In snooker, Dafabet sponsored the Players Tour Championship 2012/2013 – Finals, the 2014 World Snooker Championship and the Masters from 2014 to 2020. In 2015 it became the lead sponsor of the eSports team Fnatic.

In cricket, Dafabet sponsored the English counties Durham and Sussex in 2020, and in 2024 became official Team Associate Sponsor of Cricket South Africa's national teams under a three-year deal. It also sponsored La Liga club Cádiz CF in 2020. Dafabet is a sponsor of the Zimbabwe cricket team.

In July 2024, Dafabet became Brazilian club Guarani's main shirt sponsor, its first South American deal, but withdrew from Brazil three months later after failing to gain authorisation under the country's regulated betting regime.

==Regulation and criticism==
Dafabet's sponsorships have drawn scrutiny in markets where the operator is not locally licensed. Before Cricket South Africa's 2024 partnership was announced, a News24 investigation questioned why an unlicensed operator was sponsoring the national teams. The governing body subsequently defended the arrangement by stating that South African residents cannot legally access the Dafabet platform, which is not licensed in the country. A similar pattern occurred in Australia, where Dafabet sponsored Northern Territory Cricket's 2023 Top End T20 Series despite being unlicensed there; regulator ACMA was later criticised for coordinating its public response with NT Cricket instead of pursuing enforcement. Elsewhere, an investigation found that "Dafanews", linked to Dafabet, sponsored Indian Super League clubs Punjab FC and Mumbai City FC while presenting itself as a news service to circumvent local betting-advertising restrictions. In June 2026, Indian police arrested 11 people in Telangana over a multi-state network allegedly promoting Dafabet's platform, uncovering 46 mule bank accounts, shell companies and technical-support operations linked to complaints in several states.
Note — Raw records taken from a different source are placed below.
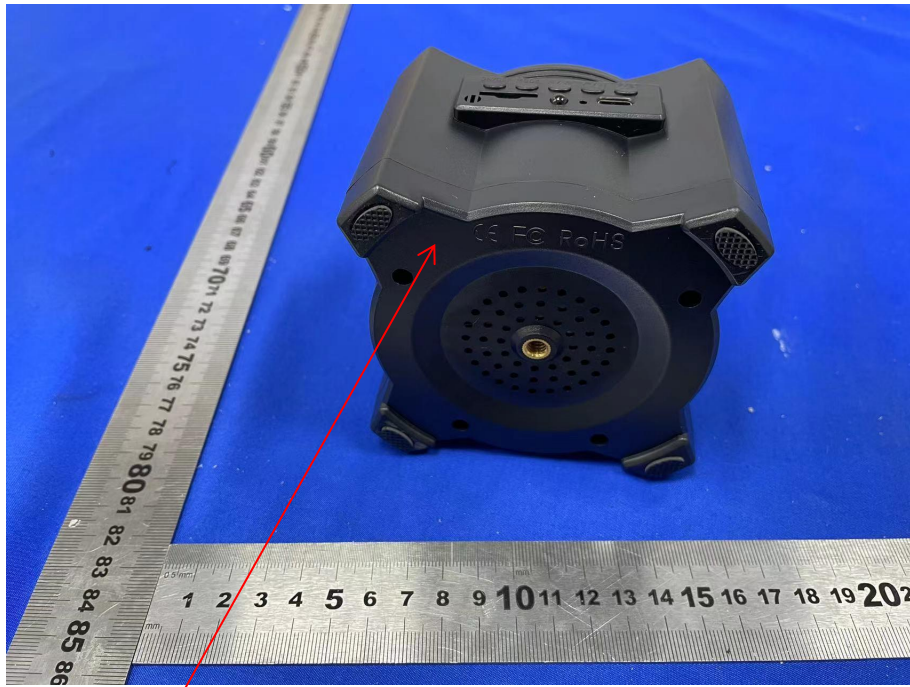

Label and Label Location

FCC ID: 2A44V-WRML01

L\*W: 10mm\*5mm

label and White font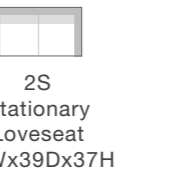

1.25ER1U  
RAF Pwr  
Recliner  
38Wx39Dx37H

1EL1U  
LAF Pwr  
Recliner  
31Wx39Dx37H

1ER1U  
RAF Pwr  
Recliner  
31Wx39Dx37H

1.25NA1V  
Armless Pwr Recliner  
29Wx39Dx37H

1.5NA  
Armless  
Chair  
32Wx39Dx37H

1.25NA  
Armless  
Chair  
29Wx39Dx37H

C12  
Sectional  
Corner  
46Wx46Dx37H

2.5S  
Stationary  
Sofa  
81Wx39Dx37H

2.5SS  
Stationary  
Sofa  
76Wx39Dx37H

2S  
Stationary  
Loveseat  
63Wx39Dx37H

AC  
Arm  
Chair  
40Wx39Dx37H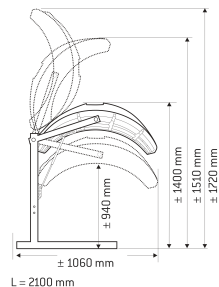

JADE

	Jade 12 T	Jade 12 T Lc	Jade 24 C	Jade 24 C Lc
Lamps	12 x 100 W	6 x 100 W 6 x 100 W Lc	24 x 100 W	18 x 100 W 6 x 100 W Lc
Reflector	SRS	SRS	SRS	SRS
Facial tanner	–	integrated	–	integrated
Power	1,33 kW	1,33 kW	2,83 kW	2,83 kW
Analog timer	•	•	•	•
Alarm	•	•	•	•
UV-protection goggles	2	2	2	2
Body cooler	○	○	○	○
Decorative panel front	–	–	○	○
Colour	Pearl White	Pearl White	Pearl White	Pearl White
Weight	73 kg	73 kg	119 kg	121 kg

T = Double fold-back stand, C = Tanning tunnel, Lc = combination lamp, ○ = Optional, • = Standard, – = Not applicable

Jade T

Jade C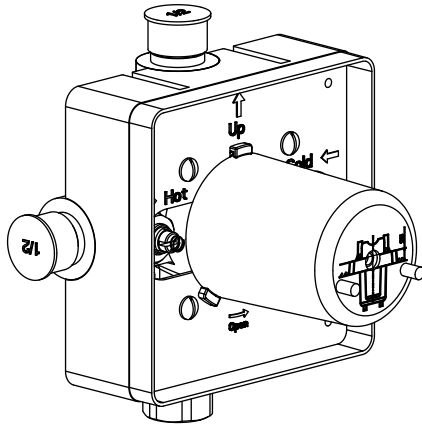

UF.2200 | 1-Way Shower Trim Set With Pressure Balance Valve

SPECIFICATIONS:

- Solid Brass Trim & Handle set
- Includes Pressure balance valve (PBV1005AS**) w/ service stops
- Lift Handle to control volume. Turn left for hot, right for cold.
- Pressure Balance Valve Flow Rate - 5.5 GPM @ 60 PSI
- Extension Available - PBV.E185**

Legislation Compliance

ZeroDrip Technology

Technical Diagram

See Spec Sheet For
PBV1005AS For Detailed
Information On Valve.

PBV1005AS | Single Control Pressure Balance Valve Page 1 of 2

SPECIFICATIONS:

- Lift Handle to control volume. Turn left for hot, right for cold.
- Pressure Balance Valve Flow Rate - 5.5 GPM @ 60 PSI

Legislation Compliance

ZeroDrip Technology

Technical Diagram

PBV1005AS | Single Control Pressure Balance Valve Page 2 of 2

Water Flow Diagram

Extension Kits

- a Temperature Handle Extension - PBV.E185CP - Chrome
PBV.E185BN - Brushed Nickel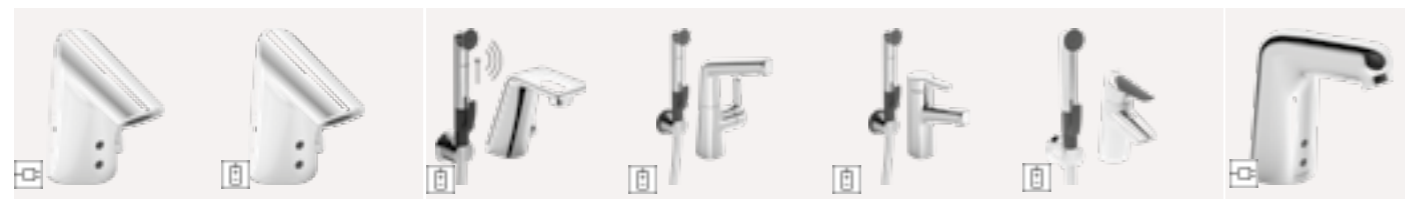

WASHBASIN/ FUNCTIONAL HANDSHOWER

- **HANSAFIT**
  Waschtischarmatur | Berührungslos/Stecker-netzteil | Standmontage (1-Loch), DN15
  65412009
  Chrom
  • Ausladung: 85 mm
- **HANSAFIT**
  Waschtischarmatur | Berührungslos/Batterie-betrieb | Standmontage (1-Loch), DN15
  65412219
  Chrom
  • Ausladung: 85 mm
- **ALESSI SENSE BY HANSA**
  Washbasin faucet | Tiptronic/Bidetta | Deck mounted (1 hole), DN15
  07742201
  Chrome/White
  Remote-operated Smart Bidetta
  • Push pop-up waste without draw-rod
  • Projection: 118 mm
- **HANSADESIGNO STYLE**
  Washbasin faucet | Single-lever, side operated/Bidetta | Deck mounted (1 hole), DN15
  51072281
  Chrome
  Remote-operated Smart Bidetta
  • Projection: 151 mm
- **HANSADESIGNO STYLE**
  Washbasin faucet | Single-lever/Bidetta | Deck mounted (1 hole), DN15
  51682281
  Chrome
  Remote-operated Smart Bidetta
  • Projection: 119 mm
- **HANSAFIT**
  Washbasin faucet | Single-lever/Bidetta | Deck mounted (1 hole), DN15
  65073203
  Chrome
  Remote-operated Smart Bidetta
  • Projection: 98 mm
- **HANSAMEDIPRO**
  Washbasin faucet | Touchless/Plug transformer | Deck mounted (1 hole), DN15
  05672029
  Chrome
  • Projection: 117 mm

WASHBASIN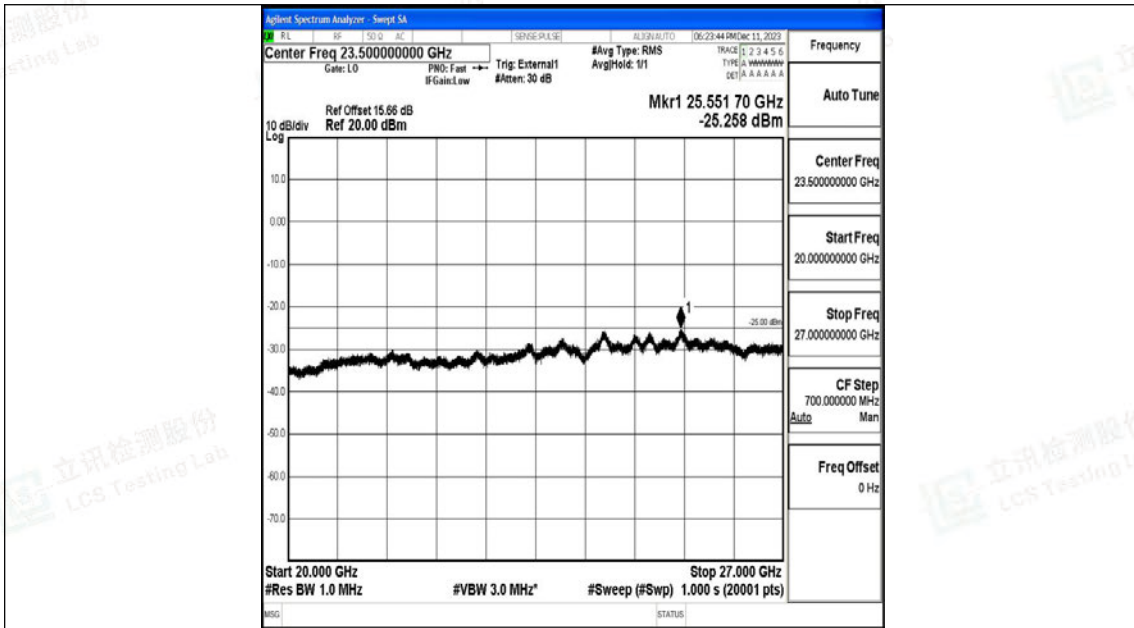

Band41_15MHz_QPSK_40620_1RB#0_20000~27000_20000~27000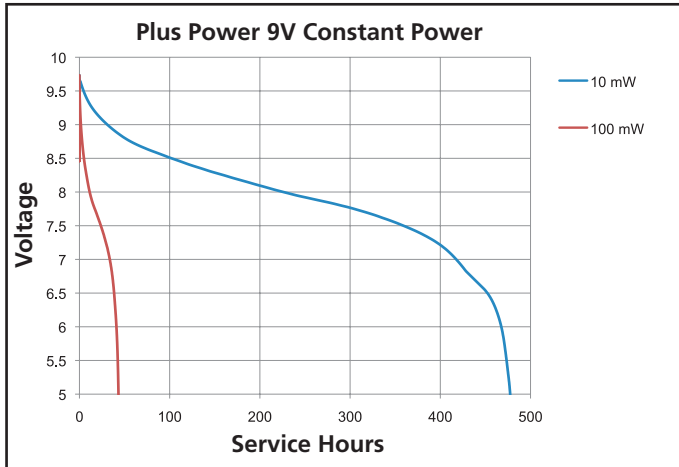

DURACELL®

DURALOCK
POWER PRESERVE™

PLUS POWER

MN1604

Size: 9V (6LF22)

Alkaline-Manganese Dioxide Battery

Zn/MnO₂

DURACELL®

BATTERIES

Berkshire Corporate Park
Bethel, CT. 06801 U.S.A.
Telephone: Toll-free 1-800-544-5454
www.duracell.com

Delivered capacity is dependent on the applied load, operating temperature and cut-off voltage. Please refer to the charts and discharge data shown for examples of the energy/service life that the battery will provide for various load conditions.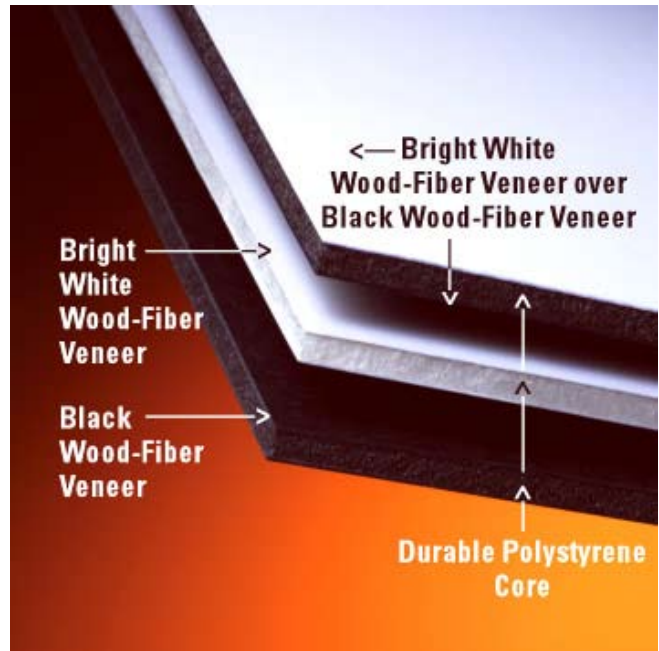

Any Questions?
Please call and ask for Marc LeWinter.

GatorFoam

Gatorfoam® Graphic Arts Board
The original heavy-duty graphic arts foam board.

Gatorfoam consists of a lightweight, durable core of extruded polystyrene foam bonded on both sides to patented Luxcell® facings. These are wood-fiber veneers impregnated with a proprietary resin for integrity, durability and moisture resistance.

Ideal for both indoor and outdoor uses (Black Gatorfoam is not recommended for exterior usage). Weatherproof and lightweight yet durable signs may be constructed from Gatorfoam.

Lightweight Gatorfoam is easy to handle during fabrication and installation. Yet it's high structural strength allows Gatorfoam to be used as a construction type material and substitute for applications in which particleboard, plywood, MDF, etc., regularly are used. Photomounters, artists, designers, sign painters, exhibit builders and engineers have counted on Gatorfoam since it was introduced to the graphic arts market in 1976. Gatorfoam's edges will not crimp, offering high-impact resistance. Gatorfoam will not warp or bow.

More broadly, betting brands such as Dafabet have featured in academic and policy debate over gambling marketing in sport. Studies of English football have documented how a single logo on a shirt front is repeatedly reproduced through televised coverage and through merchandise marketed to children, contributing to high levels of incidental exposure. The prevalence of such sponsorship has been examined as an ethical question for British football. In 2023, Premier League clubs voluntarily agreed to remove gambling sponsors from the front of matchday shirts from the 2025–26 season onward, a change taking effect for the 2026–27 season.